Information shown
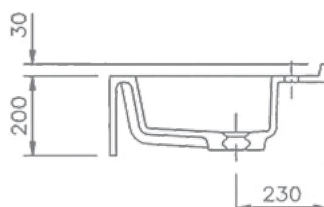

Dieser Waschtisch ist in einfarbig glänzend lieferbar.

Dati tecnici

Piano Lavabo formato in un unico pezzo con una vaschetta, con troppopieno

Lunghezza: 700 - 2400 mm

Profondità: 550 mm

Dimensioni vaschetta: 510 x 345 mm

Grembiule: 200 mm

Alzata: 30 mm

Foro Rubinetteria: Ø 35 mm

Fissaggio:

Staffa ad L.lunga Art. 90000

Staffa dritta lunga Art. 90004

Peso: ca. 68 kg per la lunghezza massima di 2400 mm, ca 2,4 kg per 100 mm di piano d'appoggio

Questo piano lavabo è disponibile solamente nei colori uniti.

Technical Information

Washstand cast in a single piece with one basin, with overflow

Length: 700 - 2400 mm

Depth: 550 mm

Basin size: 520 x 400 mm

Front apron height: 200 mm

Rear splash lip height: 30 mm

Armature aperture: Ø 35 mm

Mounting material:

angle bracket art.no. 90000

supporting bracket art.no. 90004

Weight: approx. 68 kg with a total length of 2400 mm, weight per 100 mm of shelves approx. 2.4 kg
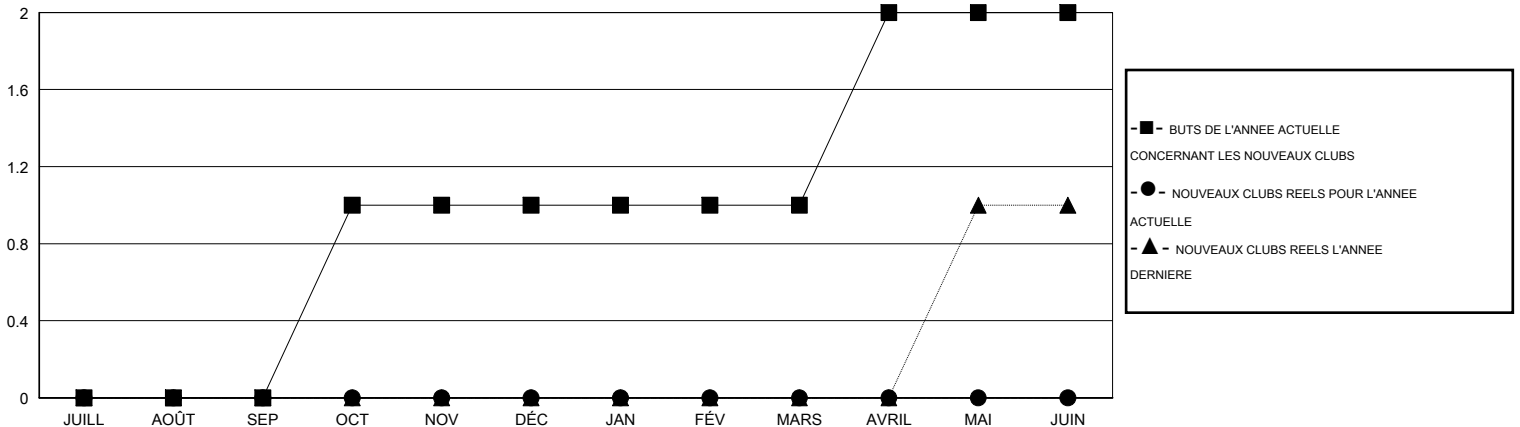

# MONTHLY MEMBERSHIP PROGRESS REPORT

District 112 D

Results as of: 12/31/2015

GMT: Jean-Jacques STOFFEL-MUNCK

LIEU BELGIUM

RC EME 4

Clubs					Membres				
RESULTATS POUR 2015-2016					RESULTATS POUR 2015-2016				
TRIMESTRE	BUT CONCERNANT LES NOUVEAUX CLUBS	NOUVEAUX CLUBS	CLUBS ANNULÉS	GAIN NET/PERTE NETTE	TRIMESTRE	BUT CONCERNANT LES NOUVEAUX MEMBRES	MEMBRES FONDATEURS ET NOUVEAUX AJOUTÉS	MEMBRES RADIÉS	GAIN NET/PERTE NETTE
JUILL/AOÛT/SEP	0	0	0	0	JUILL/AOÛT/SEP	10	21	33	-12
OCT/NOV/DÉC	1	0	0	0	OCT/NOV/DÉC	0	27	48	-21
JAN/FÉV/MARS	0	0	0	0	JAN/FÉV/MARS	10	0	0	0
AVRIL/MAI/JUIN	1	0	0	0	AVRIL/MAI/JUIN	25	0	0	0

BUTS ET NOUVEAUX CLUBS REELS - CUMULATIF

BUTS ET MEMBRES REELS - CUMULATIF

CLUBS RADIÉS: 0

MEMBRES RADIÉS

DECEDE	11
CLUB ANNULÉ	0
AUTRE	70
<b>TOTAL</b>	<b>81</b>

28 CLUBS OF 100 ONT AJOUTÉ 1 OU PLUSIEURS NOUVEAUX MEMBRES
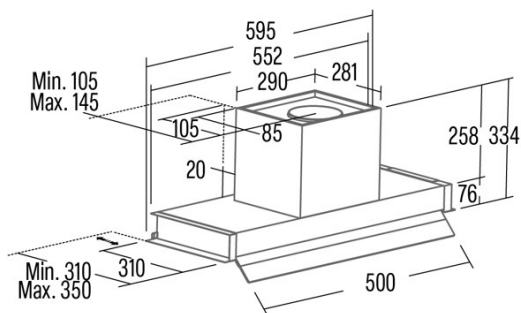

ALLGEMEINE INFORMATIONEN

EAN/UPC	8422248370776
Unterfamilie	Integrated

Produktdatenblatt gemäß EU65/2014 - EN61591, EN60704-2-13, EN50564

AEC (Jährlicher Energieverbrauch) (kWh/Jahr)	54,9
EEL-Klasse (Energie-Effizienzklasse)	A
FDE (fluidynamische Effizienz)	29,2
FDE-Klasse (Klasse der fluidynamischen Effizienz)	A
LE (Lichtausbeute) (lux/W)	22,3
LE-Klasse (Klasse der Lichtausbeute)	B
GFE (Fettfiltrationseffizienz)	69,5
GFE-Klasse (Klasse der Fettfiltrationseffizienz)	D
Luftstrom im normalen Modus MIN (m3/h)	272,4
Luftstrom im normalen Modus MAX (m3/h)	608,9
Luftstrom im Impulsmodus (m3/h)	766
Schallleistung im normalen Modus MIN (dB)	54
Schallleistung im normalen Modus MAX (dB)	69
Modus der Schallleistungserhöhung (dB)	71
Po (Energieverbrauch im ausgeschalteten Zustand) (W)	0,39
Ps (Energieverbrauch im Standby-Modus) (W)	0

Integrationsrichtlinie EU 66/2014

f (Zeitverlängerungsfaktor)	0,9
EEL (Energieeffizienzindex)	52,2
QBEP (gemessener Luftvolumenstrom im Bestpunkt) (m3/h)	437,8
PBEP (Gemessener Luftdruck im Bestpunkt) (Pa)	385
WBEP (Gemessene elektrische Eingangsleistung im Bestpunkt) (W)	160,5
WL (Nennleistung des Beleuchtungssystems) (W)	3
EMIDDLE (durchschnittliche Beleuchtungsstärke auf der Kochoberfläche) (lux)	67

Externe Abmessungen

Breite (mm)	895
Tiefe (mm)	310
Maximale Gesamthöhe (mm)	334
Minimale Gesamthöhe (mm)	334
Diamètre de sortie (mm)	150

Merkmale

Menge des Motors	1
Motormodell	BT5AC
Maximaler Druck (Pa)	450
Filtertechnologie	Malla
Steuerungstechnologie	Electronic Touch Control
Verstärkung	✓
Leistungsstufen	4
Timer	✓
Anzeige der Filtersättigung	✓
Anzeige für Kohlefilterwechsel	✓
Dimmfunktion	✓
Konnektivität	Auto
Fernbedienung	-
Anzeigen	Display

Beleuchtung

Lichtmodell	SSLED
Strahlentechnologie	LED

Installation

Task instructions
From the first line above to the line containing "LIEU BELGIUM", repeat each line exactly. Pictures stay out.

Written solution
Dieser Waschtisch ist in einfarbig glänzend lieferbar.

Dati tecnici

Piano Lavabo formato in un unico pezzo con una vaschetta, con troppopieno

Lunghezza: 700 - 2400 mm

Profondità: 550 mm

Dimensioni vaschetta: 510 x 345 mm

Grembiule: 200 mm

Alzata: 30 mm

Foro Rubinetteria: Ø 35 mm

Fissaggio:

Staffa ad L.lunga Art. 90000

Staffa dritta lunga Art. 90004

Peso: ca. 68 kg per la lunghezza massima di 2400 mm, ca 2,4 kg per 100 mm di piano d'appoggio

Questo piano lavabo è disponibile solamente nei colori uniti.

Technical Information

Washstand cast in a single piece with one basin, with overflow

Length: 700 - 2400 mm

Depth: 550 mm

Basin size: 520 x 400 mm

Front apron height: 200 mm

Rear splash lip height: 30 mm

Armature aperture: Ø 35 mm

Mounting material:

angle bracket art.no. 90000

supporting bracket art.no. 90004

Weight: approx. 68 kg with a total length of 2400 mm, weight per 100 mm of shelves approx. 2.4 kg

# MONTHLY MEMBERSHIP PROGRESS REPORT

District 112 D

Results as of: 12/31/2015

GMT: Jean-Jacques STOFFEL-MUNCK

LIEU BELGIUM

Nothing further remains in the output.